#### What you will do
Please give an exact transcription of the lines below, from the one that contains "Andrew Schauer" to the very last, with no other lines.

#### Entries supplied
□ □ □ □

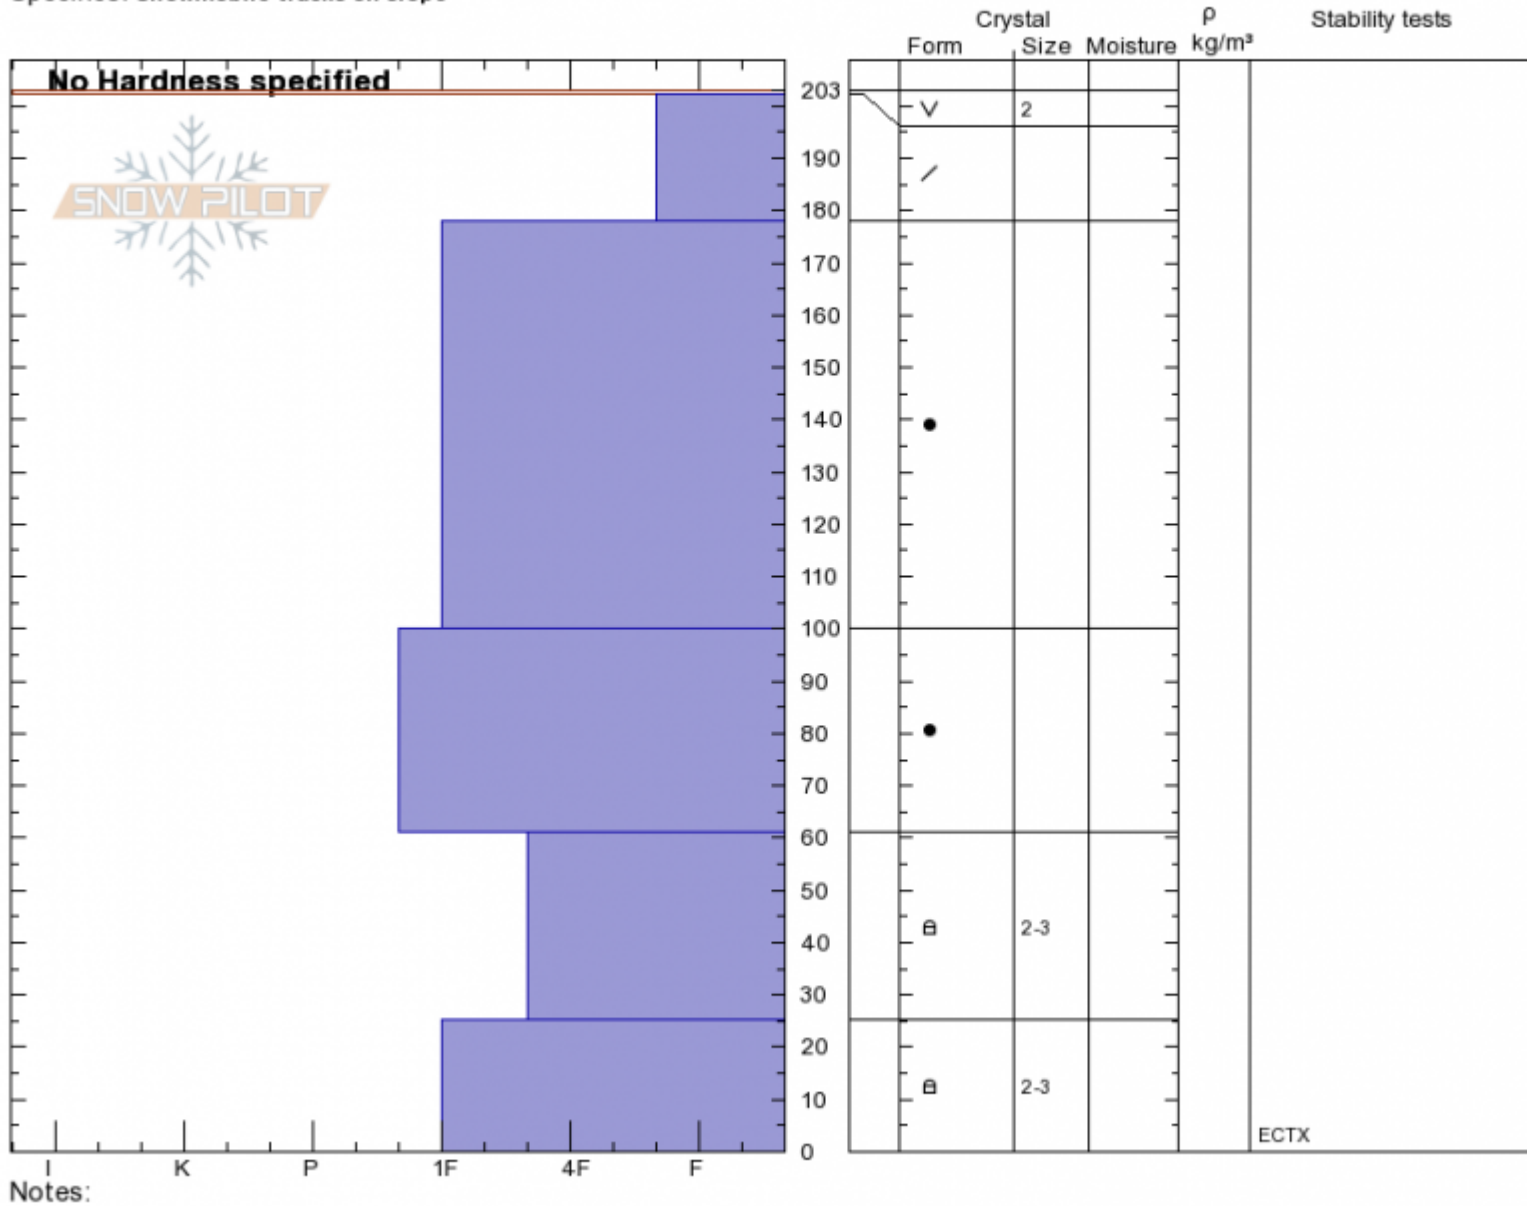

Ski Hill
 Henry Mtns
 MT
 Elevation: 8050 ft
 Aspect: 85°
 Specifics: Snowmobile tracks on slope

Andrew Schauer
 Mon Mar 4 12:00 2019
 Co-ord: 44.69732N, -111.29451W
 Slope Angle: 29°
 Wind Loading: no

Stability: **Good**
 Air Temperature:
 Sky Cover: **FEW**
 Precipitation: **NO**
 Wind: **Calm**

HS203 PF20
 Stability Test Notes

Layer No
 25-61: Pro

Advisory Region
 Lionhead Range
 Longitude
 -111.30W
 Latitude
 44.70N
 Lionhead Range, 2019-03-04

□ □ □ □

#### Reply
Andrew Schauer
 Mon Mar 4 12:00 2019
 Co-ord: 44.69732N, -111.29451W
 Slope Angle: 29°
 Wind Loading: no

Stability: **Good**
 Air Temperature:
 Sky Cover: **FEW**
 Precipitation: **NO**
 Wind: **Calm**

HS203 PF20
 Stability Test Notes

Layer No
 25-61: Pro

Advisory Region
 Lionhead Range
 Longitude
 -111.30W
 Latitude
 44.70N
 Lionhead Range, 2019-03-04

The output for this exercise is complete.